Please update the web page of the working group http://www.w3.org/html/wg/ with all its draft, including "HTML 5 differences from HTML 4", HTML 5 for authors, "HTML: The Markup Language".
IrnBru001 - 17 November 2008 at 19:48:37 UTC

Thanks for the response, and for tolerating this lurker. This last comment as two very interesting lines I want to highlight

An Authoring tool implementer will have to cater with reading broken document and know how to handle them and will have to know how to save it without modifying it.

That, paying close attention to my em, is kinda a tell. A 'broken document', we all 'know' it shouldn't be that way, but actually it seems that what we know is broken is actually acceptable for HTML5 (in some cases, like those we've been talking about).

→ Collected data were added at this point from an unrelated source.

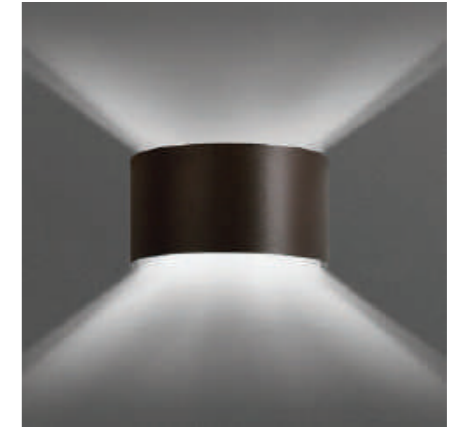

20 cm

950/4
FOLD WENGE
IxG9 max 20W

14 cm

14 cm

They have to cover all these cases, because of what is html on the Web today

This was my worry. I understand a browser should tolerate it (and must), but should the spec? Isn't that what's quirksmode is for?
I think I may just have a different understanding of the the spec's role is. Intuitively I feel like it should be the rules for they way things should be, that a different 'spec' should be around to handle the way things are (parser implementation recommendations?). At this point it raises the question of what is "a very strict syntax", HTML5 tags etc but XHTML's syntax for the gold star?
Just my thoughts.
- Karl Dubost - 18 November 2008 at 06:55:30 UTC
  
  A broken document which can be parsed following html 5 parsing algorithm is not necessary a valid (conformant) html 5 document. That is a very clear distinction.
  The specification has more than one goal. It is here to help browsers implementers to recover broken documents (more than 90% of the Web).
  On the other side HTML 5 has a stricter content model than html 4 with the same liberal syntax. For example, the center element is gone. The align attribute is gone. If a big enough community of authors, Web designers, and authoring tools implementers is pushing for a stricter syntax in writing documents, and actually implementing these requirements, then you will get what you would like.
  In the meantime the specification, as I said above, doesn't forbid you a strict syntax with closing elements and double quotes around attributes.
Olaf - 20 November 2008 at 18:30:59 UTC

Maybe the XHTML2 draft is more in the direction of some progress interesting for
authors, 'HTML5' seems to be more interesting only for implementors to learn how
to present broken documents and many other things not very interesting for
document authors.
On the other hand, 'HTML5' provides a few new elements with a semantical meaning, the XHTML2 draft does not have yet - personally I think, there is a lot of space
for improvements and new elements with semantical meanings more interesting for
authors than rules how to fix broken documents. If we compare the semantical poor
(X)HTML with other languages caring about text markup too like DAISY, DocBook,
FictionBook, LML, we can see, how impressive expressive markup language for text
can be, why not (X)HTML? This might get pretty interesting combined with the
RDFa+XHTML approach and maybe the idea of metadata for each element and switch
as available in SVG and SMIL - after ten years since HTML4 it is time for a change,
for some progress. There should be much more than fixing broken documents in
HTML5 and it should be obviously simple enough and understandable, what is intended
for authors, to get a less amount of broken documents in the future.
I think, following 'HTML5' we will get even more broken/stupid documents around,
because the majority or authors will not understand 'HTML5' and whether they should
write broken documents now or something with a relevant semantical structure.
Olivier Wehner - 28 November 2008 at 11:06:53 UTC

Because it is what browsers actually do.

That is not an argument.
It is not the function of a specification to give blessings to all the odds that have been done before.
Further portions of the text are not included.